Okay, here's a repro with a bit more context. I recorded the state
from nvme_tcp_queue_request() in the request and printed it out as you
suggested. I also added trace events for nvme_tcp_queue_rq() to make
it easier to match the state.

- lock is the return value of trylock() (if executed)
- more is the return value of nvme_tcp_queue_more(if executed)
- this_cpu is raw_smp_processor_id();

Here's the trace output for the failed requests with the associated
completion messages (from dmesg) stitched in.
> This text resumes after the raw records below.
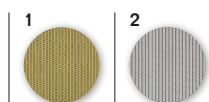

A collection of lamps that explores new lighting effects, experimenting with a metal mesh in two different finishes (steel and bronze). The diffusers have an extremely simple shape, yet with the metal shades, they prove to be enveloping while also taking on an architectural value. You can get a glimpse of the light source from the outside without being blinded, while the light spreads across the room and lights up mesmerising highlights on the metal mesh.

**Struttura  
Frame**

1 Metallo verniciato grigio / Grey lacquered metal

**Diffusore  
Diffuser**

1 Rete metallica ottone / Brass metal mesh 2 Rete metallica acciaio inox / Stainless steel metal mesh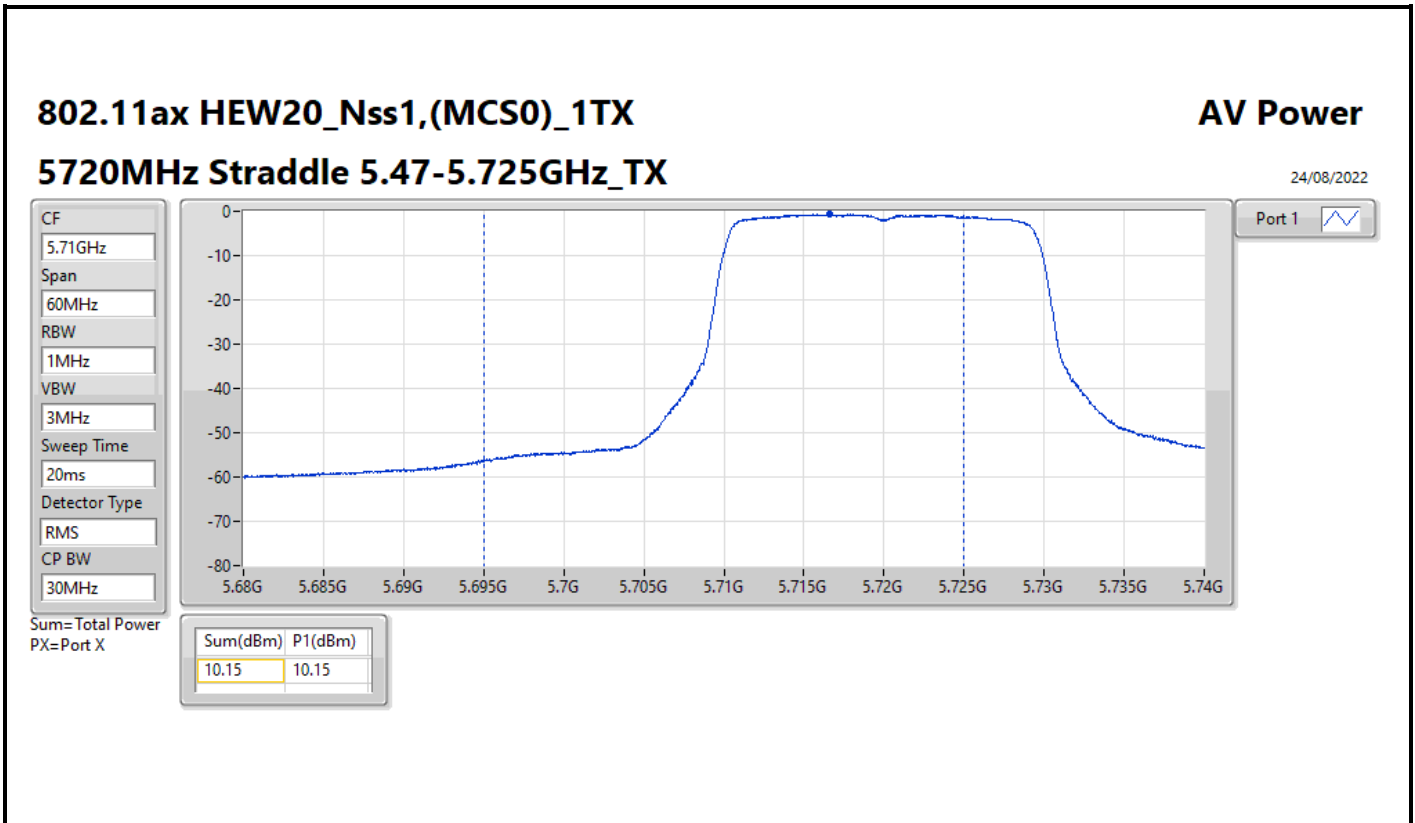

DG = Directional Gain; Port X = Port X output power

**Average Power_Iron R1_Antenna set 10_Beamforming mode_
Indoor_P to P**

Appendix C.8

Summary

Mode	Total Power (dBm)	Total Power (W)
5.25-5.35GHz	-	-
802.11ax HEW20-BF_Nss1,(MCS0)_2TX	11.08	0.01282
802.11ax HEW40-BF_Nss1,(MCS0)_2TX	10.95	0.01245
802.11ax HEW80-BF_Nss1,(MCS0)_2TX	7.59	0.00574
5.47-5.725GHz	-	-
802.11ax HEW20-BF_Nss1,(MCS0)_2TX	11.44	0.01393
802.11ax HEW40-BF_Nss1,(MCS0)_2TX	11.11	0.01291
802.11ax HEW80-BF_Nss1,(MCS0)_2TX	11.24	0.01330
5.725-5.85GHz	-	-
802.11ax HEW20-BF_Nss1,(MCS0)_2TX	4.78	0.00301
802.11ax HEW40-BF_Nss1,(MCS0)_2TX	0.98	0.00125
802.11ax HEW80-BF_Nss1,(MCS0)_2TX	-2.77	0.00053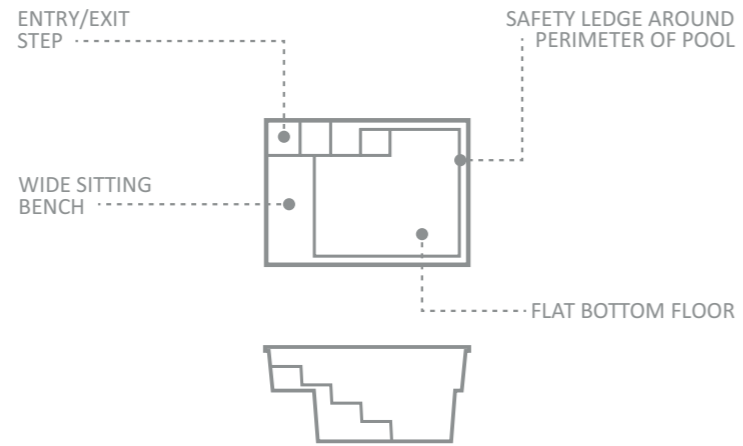

The Fiji Plunge™

What is a “Plunge Pool?” The general definition is a small, shallow pool that is typically built for the purpose of lounging, wading and cooling off for swimming and exercising. Today, many homeowners are installing a plunge pool because of their smaller size, easier maintenance and lower cost of ownership including reduced water requirements.

If that is what you are looking for, then we believe that The Fiji Plunge™ is the perfect pool for you - for your own small space, or as we like to think of it, your own “island.” The Fiji Plunge™ is a beautiful pool with a formal design and a bench down one wall allowing you to sit and relax. The bench is perfect for the addition of spa jets to enjoy the benefits of rushing water on your body and the therapeutic effects it can have on you.

The Fiji Plunge™ also combines a deep and generously sized wading area to cool down on a hot day. It’s also the perfect social pool where you can chat with friends and family or simply relax and enjoy the calm outdoors.

The Fiji Plunge™ has the perfect compact size, will fit in just about any size backyard and the bench seat allows the pool to be installed very close to your house or boundary fence. If you’re looking for happiness in a small pool, we invite you to take The Fiji Plunge™ with us.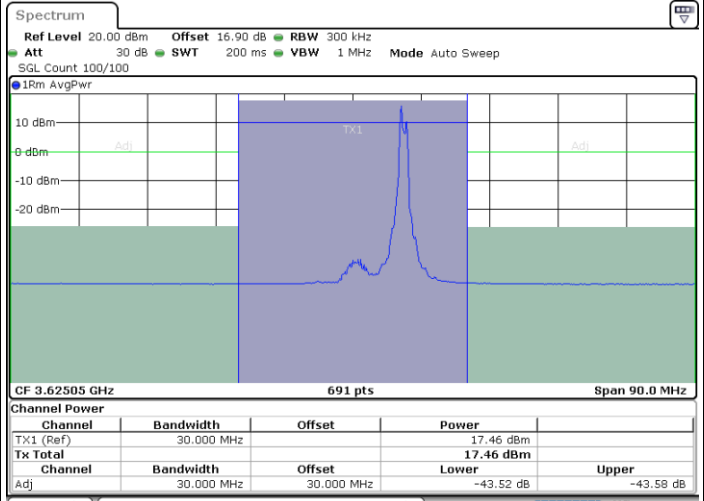

Date: 30.OCT.2020 11:07:37

Date: 30.OCT.2020 11:11:01

Highest Channel / FullIRB

N/A

Date: 30.OCT.2020 11:05:34

LTE Band 48C / 20MHz+5MHz

16QAM

Lowest Channel / 1RB0 and 1RB24

Lowest Channel / 1RB99 and 1RB0

Date: 30.OCT.2020 19:25:50

Date: 30.OCT.2020 19:27:52

Lowest Channel / FullIRB

N/A

Date: 30.OCT.2020 19:23:48

LTE Band 48C / 20MHz+5MHz

16QAM

Middle Channel / 1RB0 and 1RB24

Middle Channel / 1RB99 and 1RB0

Date: 30.OCT.2020 20:49:10

Date: 30.OCT.2020 20:51:12

Middle Channel / FullRB

N/A

Date: 30.OCT.2020 20:47:08

LTE Band 48C / 20MHz+5MHz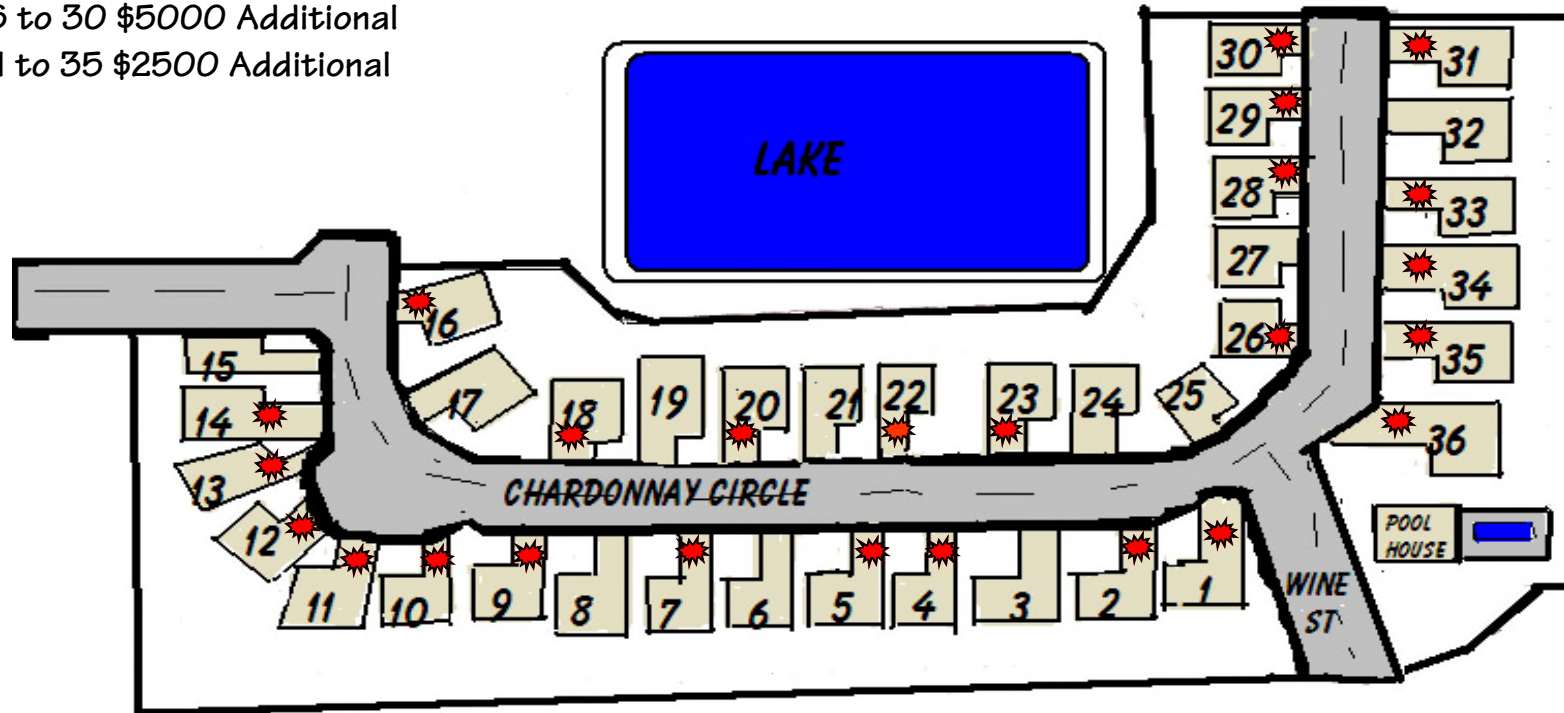

Vineyards of Vermilion

Available lots

Lot 1 to 11 No Additional Cost
 Lot 14 & 15 No Additional Cost
 Lot 16 to 30 \$5000 Additional
 Lot 31 to 35 \$2500 Additional

= In Contract or Sold = Model For Sale = Contingent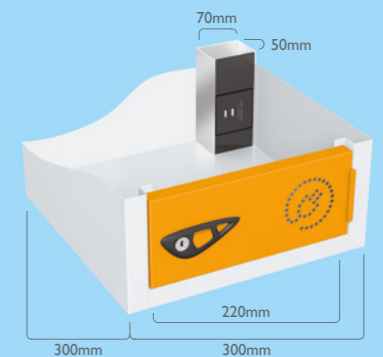

# pure power specs

laptop

tablet

UK 3 pin socket PER COMPARTMENT			
4 Tier	3.25A	750W	
8 Tier	1.625A	375W	
10 Tier	1.3A	300W	
15 Tier	0.86A	200W	
Trolley	1.625A	375W	

usb-a & usb-c socket PER COMPARTMENT			
4 Tier	2.0A	750W	
8 Tier	1.625A	375W	
10 Tier	1.3A	300W	
15 Tier	0.86A	200W	
Trolley	1.625A	375W	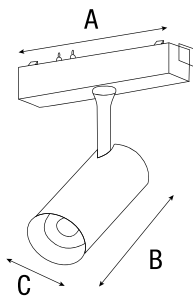

HS
High Specs

HS-White Ion Adjustable Zoom
Spot Light D35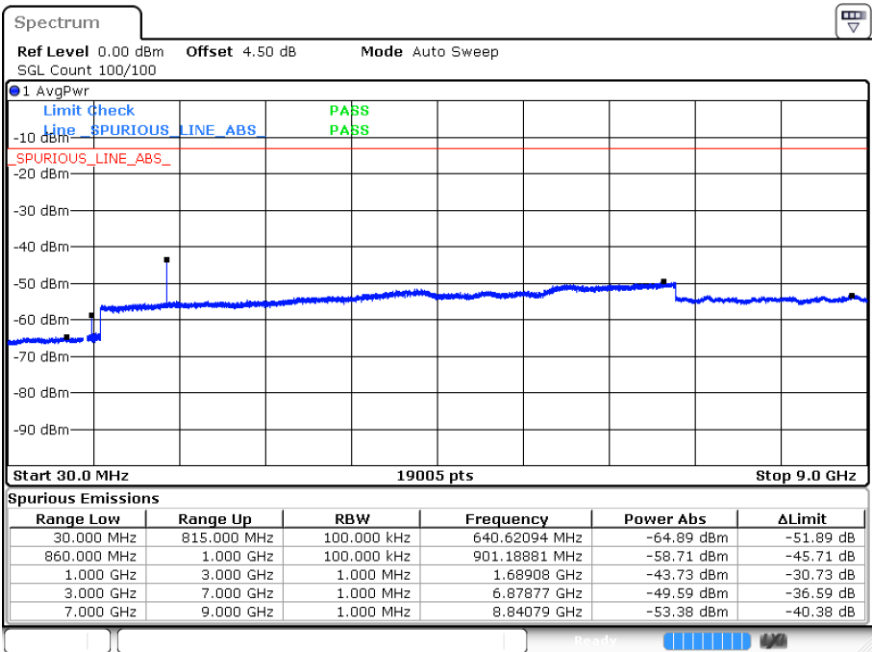

Date: 16.OCT.2018 01:17:09

LTE Band 26 / 1.4MHz

Lowest Channel / 64QAM

Middle Channel / 64QAM

Date: 16.OCT.2018 01:31:06

Date: 16.OCT.2018 01:31:34

Highest Channel / 64QAM

Date: 16.OCT.2018 01:31:58

LTE Band 26 / 3MHz

Highest Channel / 64QAM

LTE Band 26 / 5MHz

Lowest Channel / 64QAM

Middle Channel / 64QAM

Date: 16.OCT.2018 01:43:06

Date: 16.OCT.2018 01:43:31

Highest Channel / 64QAM

Date: 16.OCT.2018 01:43:55

LTE Band 26 / 10MHz

Lowest Channel / 64QAM

Middle Channel / 64QAM

Date: 16.OCT.2018 01:47:59

Date: 16.OCT.2018 01:48:26

Highest Channel / 64QAM

Date: 16.OCT.2018 01:48:50

LTE Band 26 / 15MHz

Lowest Channel / 64QAM

Middle Channel / 64QAM

Date: 16.OCT.2018 01:53:29

Date: 16.OCT.2018 01:54:37

Highest Channel / 64QAM

Date: 16.OCT.2018 01:55:02

LTE Band 26

  tar-2153 [001] .....   536.383588: nvme_tcp_queue_rq:
    nvme1: qid=2 tag=5 op=0 data_len=32768
  tar-2153 [001] .....   536.383588: nvme_setup_cmd:
    nvme1: disk=nvme1c1n1, qid=2, cmdid=8197, nsid=1, flags=0x0, meta=0x0,
      cmd=(nvme_cmd_read slba=9950336, len=63, ctrl=0x8000, dsmgmt=7, reftag=0)
  dmesg.out           [  565.574700] nvme_tcp_queue_request()
    state: tag 0x5 io_cpu 1 this_cpu 1 lock 1 sync 1 empty 1 last 0 more 1

 tar-2153  [001] .N...   536.383594: nvme_tcp_queue_rq:
   nvme1: qid=2 tag=4 op=0 data_len=32768
 tar-2153  [001] .N...   536.383594: nvme_setup_cmd:
   nvme1: disk=nvme1c1n1, qid=2, cmdid=16388, nsid=1, flags=0x0, meta=0x0,
     cmd=(nvme_cmd_read slba=9950272, len=63, ctrl=0x8000, dsmgmt=7, reftag=0)
 dmesg.out            [  565.540965] nvme_tcp_queue_request()
   state: tag 0x4 io_cpu 1 this_cpu 5 lock 1 sync 1 empty 1 last 0 more 1

kworker/1:0H-23  [001] .....   536.383619: nvme_tcp_queue_rq:
  nvme1: qid=2 tag=3 op=0 data_len=32768
kworker/1:0H-23  [001] .....   536.383619: nvme_setup_cmd:
  nvme1: disk=nvme1c1n1, qid=2, cmdid=24579, nsid=1, flags=0x0, meta=0x0,
    cmd=(nvme_cmd_read slba=9950208, len=63, ctrl=0x8000, dsmgmt=7, reftag=0)
dmesg.out              [  565.490597] nvme_tcp_queue_request()
  state: tag 0x3 io_cpu 1 this_cpu 1 lock 0 sync 1 empty 0 last 0 more 1

kworker/1:0H-23  [001] .....   536.383620: nvme_tcp_queue_rq:
  nvme1: qid=2 tag=2 op=0 data_len=32768
kworker/1:0H-23  [001] .....   536.383620: nvme_setup_cmd:
  nvme1: disk=nvme1c1n1, qid=2, cmdid=40962, nsid=1, flags=0x0, meta=0x0,
    cmd=(nvme_cmd_read slba=9950144, len=63, ctrl=0x8000, dsmgmt=7, reftag=0)
dmesg.out                   [  565.470687] nvme_tcp_queue_request()
  state: tag 0x2 io_cpu 1 this_cpu 1 lock 0 sync 1 empty 0 last 1 more 1

Does this shed any light on the issue?